Source data Start Marker

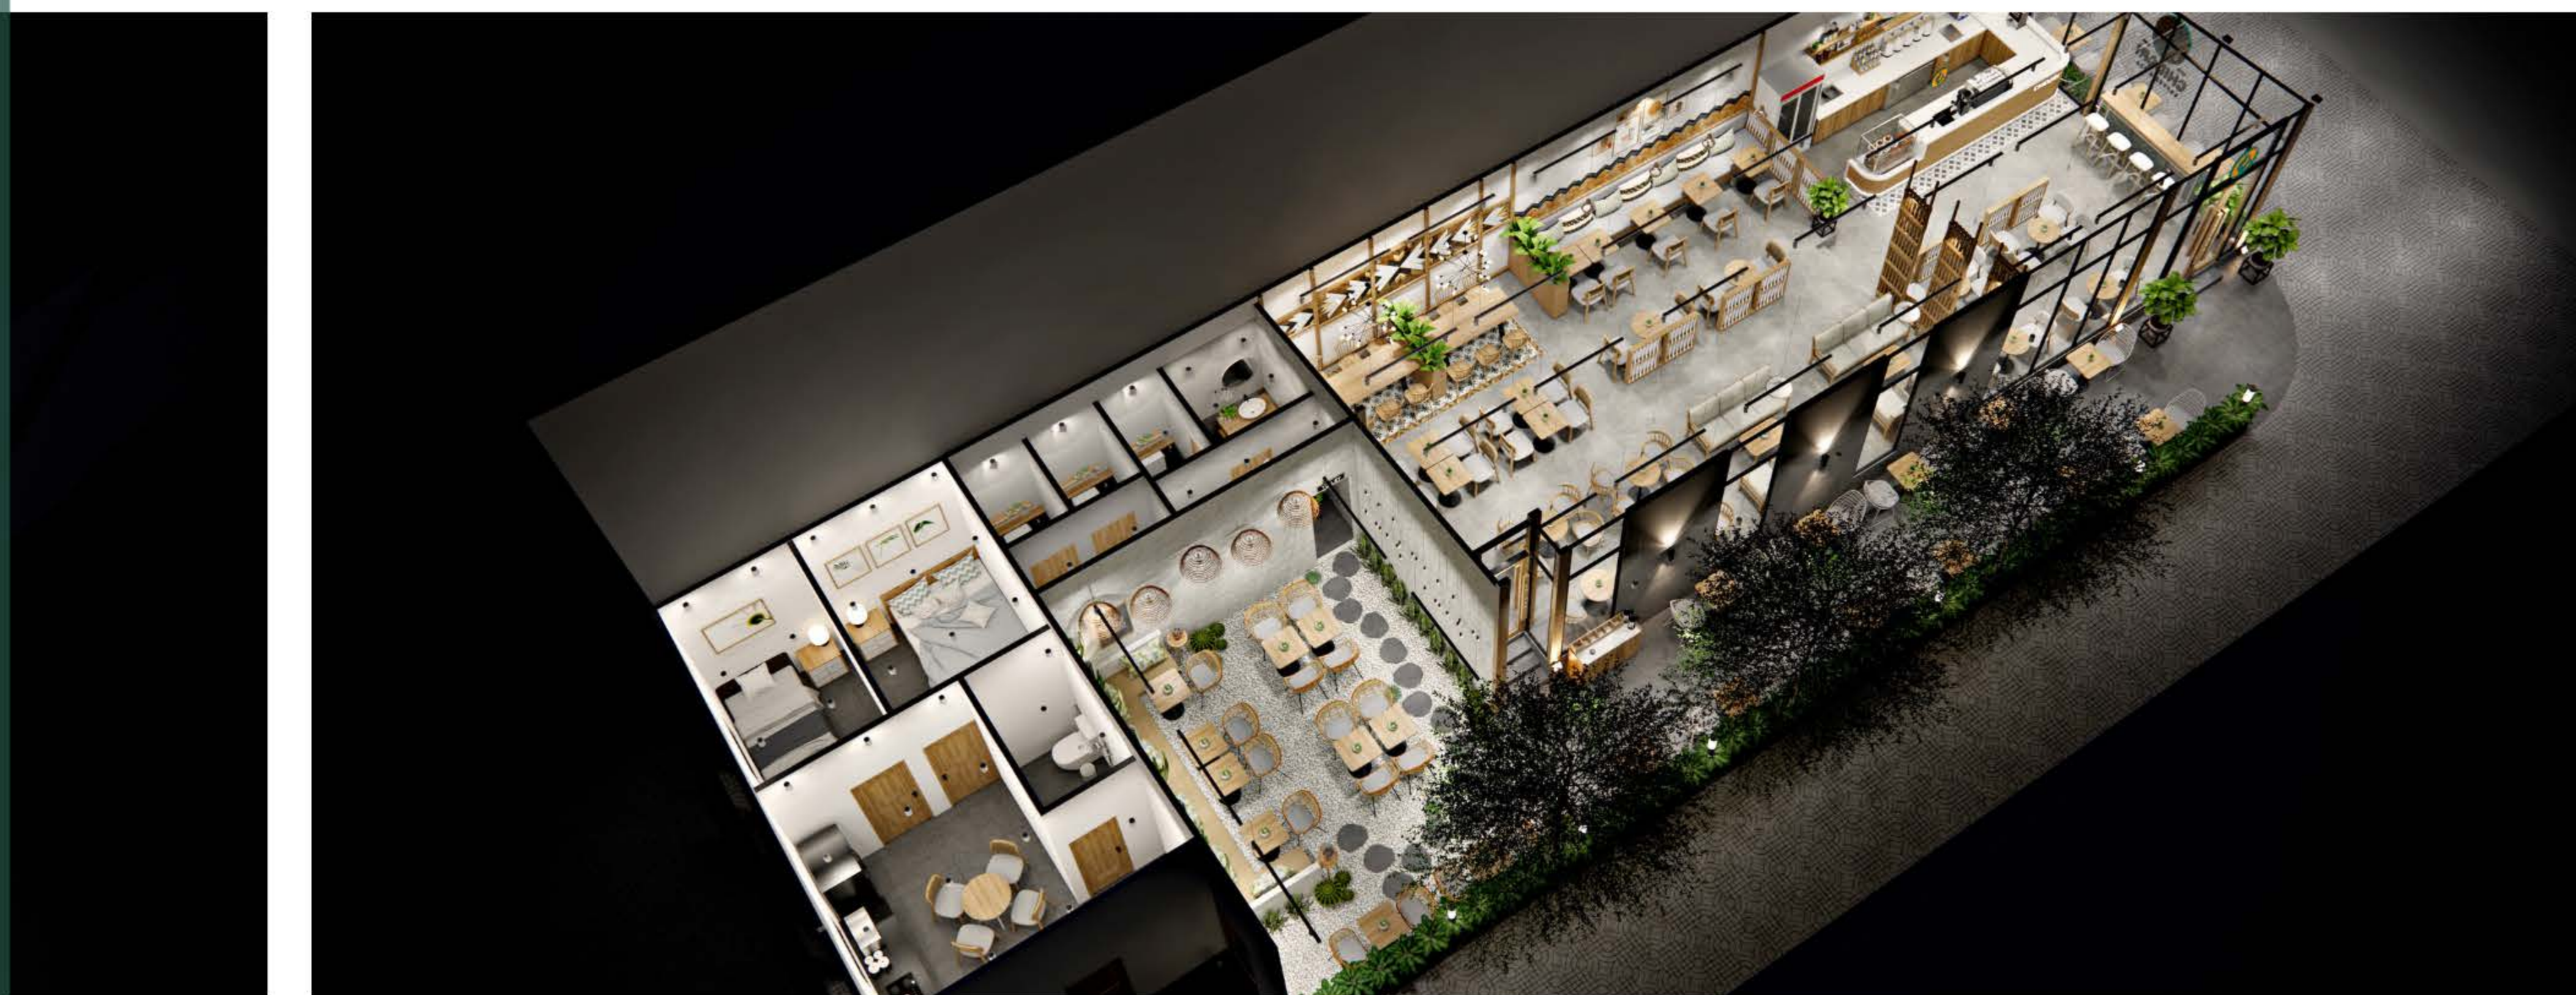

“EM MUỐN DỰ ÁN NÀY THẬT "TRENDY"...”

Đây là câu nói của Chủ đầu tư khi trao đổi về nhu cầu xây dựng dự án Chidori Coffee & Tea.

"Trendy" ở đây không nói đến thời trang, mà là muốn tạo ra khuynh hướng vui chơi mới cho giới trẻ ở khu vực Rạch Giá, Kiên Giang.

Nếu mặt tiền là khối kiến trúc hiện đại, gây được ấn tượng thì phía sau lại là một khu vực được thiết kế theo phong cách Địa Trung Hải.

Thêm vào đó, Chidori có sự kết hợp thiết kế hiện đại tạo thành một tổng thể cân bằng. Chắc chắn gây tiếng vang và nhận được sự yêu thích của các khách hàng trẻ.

Source data End Marker
Source data Start Marker

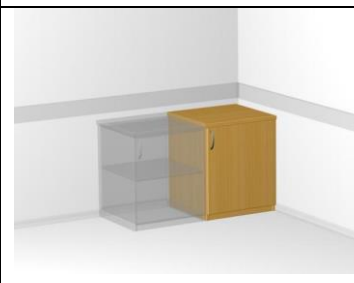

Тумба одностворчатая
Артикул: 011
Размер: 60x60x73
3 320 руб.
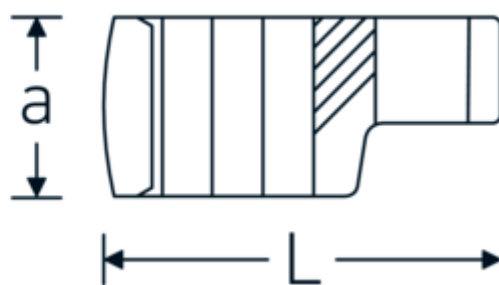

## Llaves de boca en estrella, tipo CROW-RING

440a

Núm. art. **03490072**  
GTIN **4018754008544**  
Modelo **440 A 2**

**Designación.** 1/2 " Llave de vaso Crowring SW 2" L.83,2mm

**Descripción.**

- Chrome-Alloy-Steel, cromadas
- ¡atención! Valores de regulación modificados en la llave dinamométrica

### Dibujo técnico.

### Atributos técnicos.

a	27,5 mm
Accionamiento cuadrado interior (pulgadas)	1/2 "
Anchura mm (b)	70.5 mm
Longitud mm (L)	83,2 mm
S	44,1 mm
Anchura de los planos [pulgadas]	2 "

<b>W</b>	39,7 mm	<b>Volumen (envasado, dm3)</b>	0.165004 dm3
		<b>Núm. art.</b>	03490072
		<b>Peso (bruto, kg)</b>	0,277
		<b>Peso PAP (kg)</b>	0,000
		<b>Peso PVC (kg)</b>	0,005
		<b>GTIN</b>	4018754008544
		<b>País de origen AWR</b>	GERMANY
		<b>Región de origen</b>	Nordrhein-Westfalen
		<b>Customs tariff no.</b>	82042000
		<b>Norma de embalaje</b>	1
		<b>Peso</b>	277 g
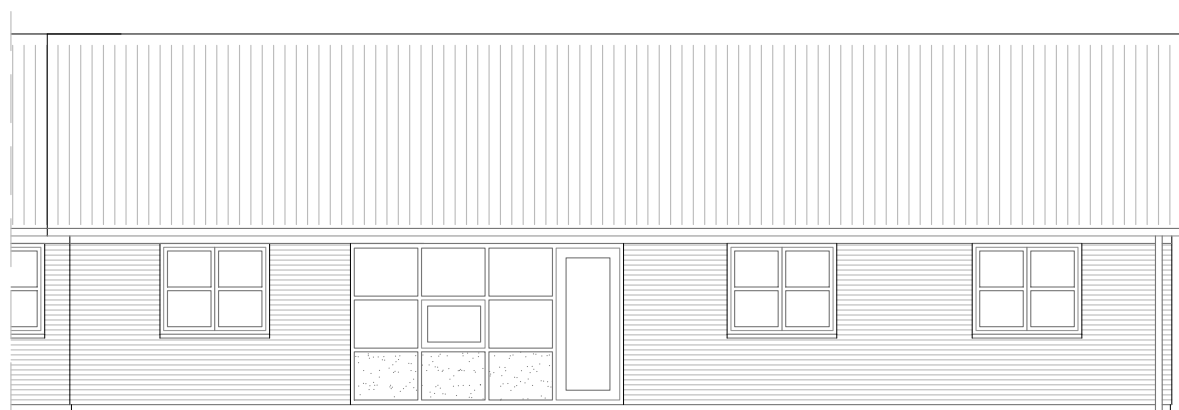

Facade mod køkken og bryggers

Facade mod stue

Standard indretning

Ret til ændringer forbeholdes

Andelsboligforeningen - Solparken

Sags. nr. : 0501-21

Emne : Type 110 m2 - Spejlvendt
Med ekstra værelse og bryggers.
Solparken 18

Source data End Marker
Source data Start Marker

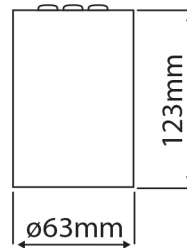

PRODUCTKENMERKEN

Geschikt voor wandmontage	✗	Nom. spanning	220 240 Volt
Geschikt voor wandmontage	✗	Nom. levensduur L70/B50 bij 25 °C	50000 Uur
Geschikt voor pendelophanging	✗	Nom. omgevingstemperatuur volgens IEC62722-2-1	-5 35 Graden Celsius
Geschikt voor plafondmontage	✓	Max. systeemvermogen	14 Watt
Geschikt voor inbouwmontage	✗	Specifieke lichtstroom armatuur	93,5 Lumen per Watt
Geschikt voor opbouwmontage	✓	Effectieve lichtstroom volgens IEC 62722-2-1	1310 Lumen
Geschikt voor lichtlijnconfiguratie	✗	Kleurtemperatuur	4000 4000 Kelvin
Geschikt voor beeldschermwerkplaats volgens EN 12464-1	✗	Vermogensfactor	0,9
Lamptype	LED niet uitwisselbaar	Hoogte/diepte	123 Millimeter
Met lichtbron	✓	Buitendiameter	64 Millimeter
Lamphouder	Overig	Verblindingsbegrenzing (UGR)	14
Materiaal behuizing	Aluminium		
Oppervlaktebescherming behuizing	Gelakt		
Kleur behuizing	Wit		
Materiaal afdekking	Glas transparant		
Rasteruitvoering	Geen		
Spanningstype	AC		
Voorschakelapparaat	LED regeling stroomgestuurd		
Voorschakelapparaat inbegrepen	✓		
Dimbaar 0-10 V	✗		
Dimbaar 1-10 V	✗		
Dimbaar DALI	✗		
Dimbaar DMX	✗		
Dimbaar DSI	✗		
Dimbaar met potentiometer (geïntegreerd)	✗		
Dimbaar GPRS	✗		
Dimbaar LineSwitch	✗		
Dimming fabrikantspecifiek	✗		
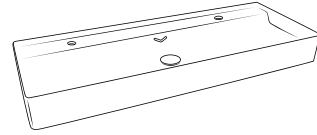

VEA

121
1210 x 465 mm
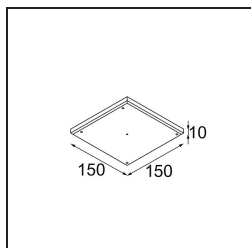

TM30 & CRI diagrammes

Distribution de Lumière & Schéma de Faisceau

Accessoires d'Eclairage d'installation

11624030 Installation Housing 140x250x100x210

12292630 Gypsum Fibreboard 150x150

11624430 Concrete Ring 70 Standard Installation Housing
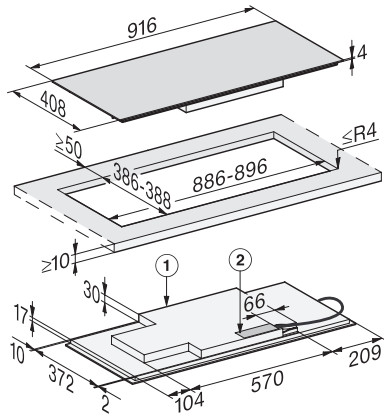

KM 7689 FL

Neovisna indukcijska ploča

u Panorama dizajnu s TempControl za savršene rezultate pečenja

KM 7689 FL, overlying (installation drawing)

Source data End Marker

> Exercise brief
Return the span of lines in the data above that opens at the line with "ÁN NÀY THẬT" and closes at the line with "Thêm vào đó, Chidori", exactly, ends included, nothing else.

> Answer space
“EM MUỐN DỰ ÁN NÀY THẬT "TRENDY"...”

Đây là câu nói của Chủ đầu tư khi trao đổi về nhu cầu xây dựng dự án Chidori Coffee & Tea.

"Trendy" ở đây không nói đến thời trang, mà là muốn tạo ra khuynh hướng vui chơi mới cho giới trẻ ở khu vực Rạch Giá, Kiên Giang.

Nếu mặt tiền là khối kiến trúc hiện đại, gây được ấn tượng thì phía sau lại là một khu vực được thiết kế theo phong cách Địa Trung Hải.

Thêm vào đó, Chidori có sự kết hợp thiết kế hiện đại tạo thành một tổng thể cân bằng. Chắc chắn gây tiếng vang và nhận được sự yêu thích của các khách hàng trẻ.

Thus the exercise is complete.